Appelez-moi Providence

Au port de Beyrouth devant le Providence, années 1930. Collection Georges Boustany

Que serions-nous sans nos ports? C’est par la mer que nous avons conquis le monde de mère en fille et de père en fils, et le Liban doit l’essentiel de sa prospérité à la Méditerranée qui a mis l’univers à portée des ambitions de ses enfants avant que nos gouvernants ne choisissent de la combler d’ordures pour la remercier. De ce cordon ombilical est né un peuple aux origines, aux accents et aux cultures d’une phénoménale diversité.

Nous voici aujourd’hui au port de Beyrouth dans les années 1930. L’homme prend la pose sur le quai devant un navire si long qu’il déborde du cadre. Pour marquer l’importance du moment, il a joué l’élégance : costume sombre soigneusement boutonné avec stylo-plume à la pochette, nœud papillon bariolé pour un soupçon de fantaisie, moustache en accent circonflexe dont pas un poil ne jure, tarbouche épousant impeccablement un crâne que l’on soupçonne dégarni ou en cours de calvitie. Il est jeune et souffre d’un strabisme divergent, et du coup l’on se prend à se demander s’il regarde à gauche de la caméra ou directement dans l’objectif. Ses chaussures poussiéreuses trahissent une marche sur de longues distances dans la terre battue, il n’est certainement pas aussi nanti qu’il le prétend, comme le confirme également la veste mal ajustée.

Derrière lui, principale vedette de la photo, il y a le Providence. Comme chaque paquebot qui dessert notre vieux port de Beyrouth durant le mandat, celui-ci a une histoire bien mouvementée : construit en France par les Chantiers de la Méditerranée, il fut lancé le 3 août 1914, soit le lendemain exact de l’éclatement de la Grande Guerre, et les événements retarderont sa mise en service par la Compagnie Cyprien Fabre jusqu’en 1920. Après une décennie consacrée au transport d’émigrants européens vers les États-Unis, il est affrété par les Messageries maritimes le 19 janvier 1932 et rejoint une flotte de paquebots de luxe déjà composée du Pierre Loti, du Champollion, du Patria et du Mariette Pacha qui desservent la ligne Marseille-Beyrouth-Alexandrie.

Pour nous autres un siècle plus tard, ces noms respirent l’exotisme orientaliste, une période de développement rapide sous tutelle française, l’arrivée du tourisme européen de masse à la recherche d’un Orient fantasmé, la naissance du centre-ville Art déco de Beyrouth, bref une des époques les plus élégantes du xxe siècle.

Mais pour notre bonhomme sans doute impressionné par le gabarit du Providence sur lequel il se prépare à embarquer, voilà un paquebot qui représente l’opportunité d’une vie meilleure, une providence à tous les sens du terme, car une fois à Marseille, le monde sera à portée de correspondance. Il pourra choisir de rester en France, ou alors de partir bien plus loin, vers Dakar et l’Afrique occidentale française ou même vers les Amériques. Après tout, pour nos émigrés, la seule frontière est celle du mal du pays.
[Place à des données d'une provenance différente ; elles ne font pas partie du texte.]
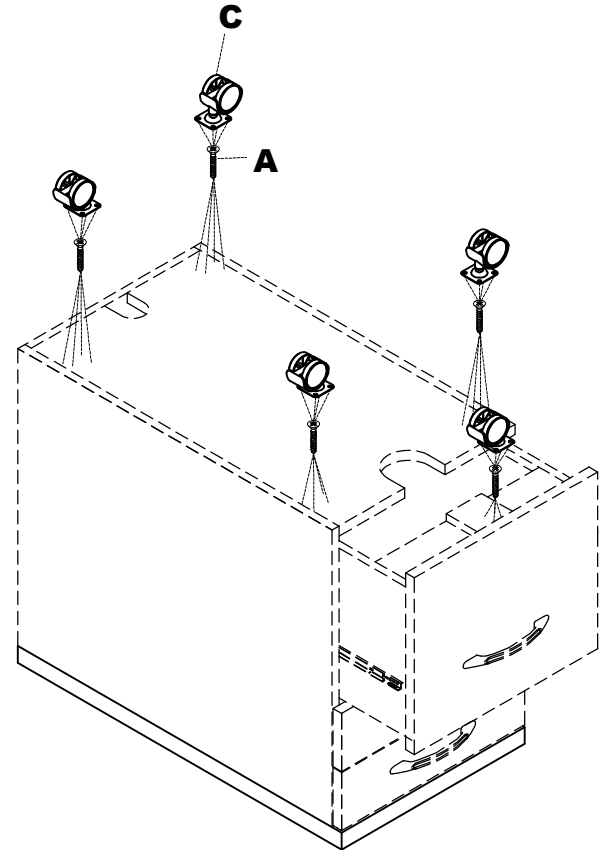

* Available in Cherry (LCR) or Mocha (LDC) finish only.

**Denotes Color Code

- 1** Attach Pedestal Top (B) to the APBF20 Pedestal (not included) using Screws provided with the pedestal.

2

- 2** Attach Casters (C) to bottom of pedestal using Screws (A).

Quelques mois plus tôt, la carrière méditerranéenne du Providence commençait bien mal pourtant : à peine mis en service sur la ligne du Levant, il s’était échoué sur une île grecque et n’en fut dégagé que deux mois plus tard. Réquisitionné par l’armée française en 1940, il participera au transport des troupes pour l’expédition de Norvège puis au rapatriement des effectifs de Syrie. Il retrouvera à la fin de la guerre sa ligne levantine et transportera des pèlerins jusqu’à Djeddah avant sa démolition en 1951.

Mais aujourd’hui, le Providence vient d’accoster à Beyrouth et l’on décharge des marchandises alors que les passagers à l’arrivée viennent d’achever leur débarquement. Sur la barge de droite, juste derrière notre homme, l’on vient de transborder deux automobiles qui attendent sagement leur transport vers un concessionnaire, peut-être sont-ce des Ford commandées par Charles Corm ? Elles ne sont qu’une paire, quel contraste avec la marée multicolore que l’on voit de nos jours lorsque arrivent les nouveaux modèles de voitures coréennes.

Soixante-dix ans après cette photo, en 2003, a été inaugurée à l’entrée du port de Beyrouth la « statue de l’Émigré ». Minuscule mais nécessaire hommage à ces millions de femmes et d’hommes qui ont eu un jour le courage de partir pour tout rebâtir ailleurs et dont les transferts maintiennent notre économie à flot jour après jour. L’émigré de la statue est vêtu du sarouel traditionnel de la montagne libanaise, mais il aurait pu être habillé comme notre homme, en costume et tarbouche et même affublé d’un strabisme qui le condamne symboliquement à regarder tout à la fois son passé libanais et son avenir outre-mer.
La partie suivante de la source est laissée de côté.